4. Purchaser Representations

(a) The Purchaser has full legal capacity, power and authority to execute and deliver this instrument and to perform its obligations hereunder according to Purchaser’s residential, citizenship, Caymans and the U.S. jurisdictions. This instrument constitutes valid and binding obligation of the Purchaser, enforceable in accordance with its terms, except as limited by bankruptcy, insolvency or other laws of general application relating to or affecting the enforcement of creditors’ rights generally and general principles of equity.

(b) The Purchaser has been advised that this instrument is a security and that the offers and sales of this instrument have not been registered under any country’s securities laws and, therefore, cannot be resold except in compliance with the applicable country’s laws. The Purchaser is purchasing this instrument for its own account for investment, not as a nominee or agent, and not with a view to, or for resale in connection with, the distribution thereof, and the Purchaser has no present intention of selling, granting any participation in, or otherwise distributing the same. The Purchaser has such knowledge and experience in financial and business matters that the Purchaser is capable of evaluating the merits and risks of such investment, is able to incur a complete loss of such investment without impairing the Purchaser’s financial condition and is able to bear the economic risk of such investment for an indefinite period of time.

(c) The Purchaser enters into this AGREEMENT with the predominant expectation that

  • (i) he, she or it, as the case may be, will profit upon the successful end of Token Sale arising from the efforts of the Company and its employees to market the BANKEX Platform and related sale of the Tokens; and
  • (ii) the Company will make actual delivery of the tokens to the Purchaser upon the end of Token Sale.
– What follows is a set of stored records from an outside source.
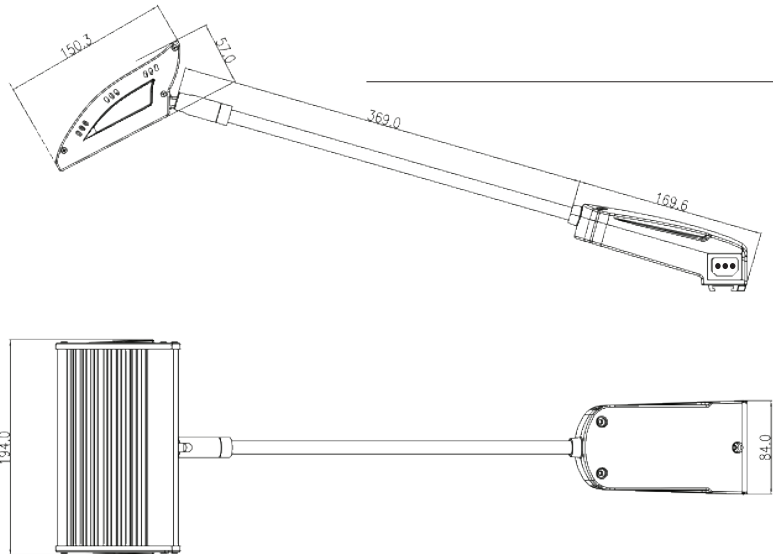

PRODUCT DATA SHEET: LAN-050-G6B-W

ARTICLE

Description NOVI LED Display spot 50W Grey linkable Wieland

CHARACTERISTICS

Material Aluminum
Colour Grey / Silver
In the box 1x Display spot, 1x power cable

ELECTRIC DATA

DIMENSIONS & WEIGHT

Total dimensions (LxWxH) 660 x 194 x 57 mm
Arm length 369 mm
Head dimensions (LxWxH) 150 x 194 x 57 mm
Base dimensions (LxWxH) 170 x 84 x 52 mm
Weight 1200 g
Box dimensions (LxWxH) 690 x 215 x 75 mm

ENVIRONMENTAL CHARACTERISTICS

Energy label A+
Energy consumption 50W

LIFESPAN

Lamp life time 30000 hrs
Number of switching cycles 15000

PRODUCT DATA SHEET: LAN-050-G6B-W

SIZES

DOORKOPPELBAAR

DIVERSE BEVESTIGINGSCLIPS

Clip Aluision beMatrix

Clip Custom 10/17 cm

Clip Pipe Clamp

Clip Modul/Syma

Clip Octanorm 1

Clip Octanorm 2

Clip Panel 16/19/22 mm

Clip Angle 7.60°

(d) The Purchaser hereby has sufficient knowledge and experience in business and financial matters to be able to evaluate the risks and merits of its purchase of this AGREEMENT and of the Tokens and is able to bear the risks thereof. The Purchaser is aware of Company’s business affairs and financial condition and has acquired sufficient information about the Company to reach an informed and knowledgeable decision to acquire this AGREEMENT. The Purchaser understands that the Tokens involve risks, all of which the Purchaser fully and completely assumes, including, but not limited to, the risk that

  • (i) the technology associated with the Platform will not function as intended;
  • (ii) the Platform and Platform Launch will not be completed;
  • (iii) the Platform will fail to attract sufficient interest from key stakeholders; and
  • (iv) the Company and/or the Platform may be subject to investigation and punitive actions from Governmental Authorities. The Purchaser understands and expressly accepts that the Tokens will be created and delivered to the Purchaser at the sole risk of the Purchaser on an “AS IS” and “UNDER DEVELOPMENT” basis. The Purchaser understands and expressly accepts that the Purchaser has not relied on any representations or warranties made by the Company outside of this instrument, including, but not limited to, conversations of any kind, whether through oral or electronic communication, or any white paper. WITHOUT LIMITING THE GENERALITY OF THE FOREGOING, THE PURCHASER ASSUMES ALL RISK AND LIABILITY FOR THE RESULTS OBTAINED BY THE USE OF ANY TOKENS AND REGARDLESS OF ANY ORAL OR WRITTEN STATEMENTS MADE BY THE COMPANY, BY WAY OF TECHNICAL ADVICE OR OTHERWISE, RELATED TO THE USE OF THE TOKENS.


(f) The Purchaser understands that Purchaser bears sole responsibility for any taxes as a result of the matters and transactions the subject of this instrument, and any future acquisition, ownership, use, sale or other disposition of Tokens held by the Purchaser. To the extent permitted by law, the Purchaser agrees to indemnify, defend and hold the Company or any of its affiliates, employees or agents (including developers, auditors, contractors or founders) harmless for any claim, liability, assessment or penalty with respect to any taxes (other than any net income taxes of the Company that result from the issuance of Tokens to the Purchaser pursuant to Section 1(a) of the instrument) associated with or arising from the Purchaser’s purchase of Tokens hereunder, or the use or ownership of Tokens.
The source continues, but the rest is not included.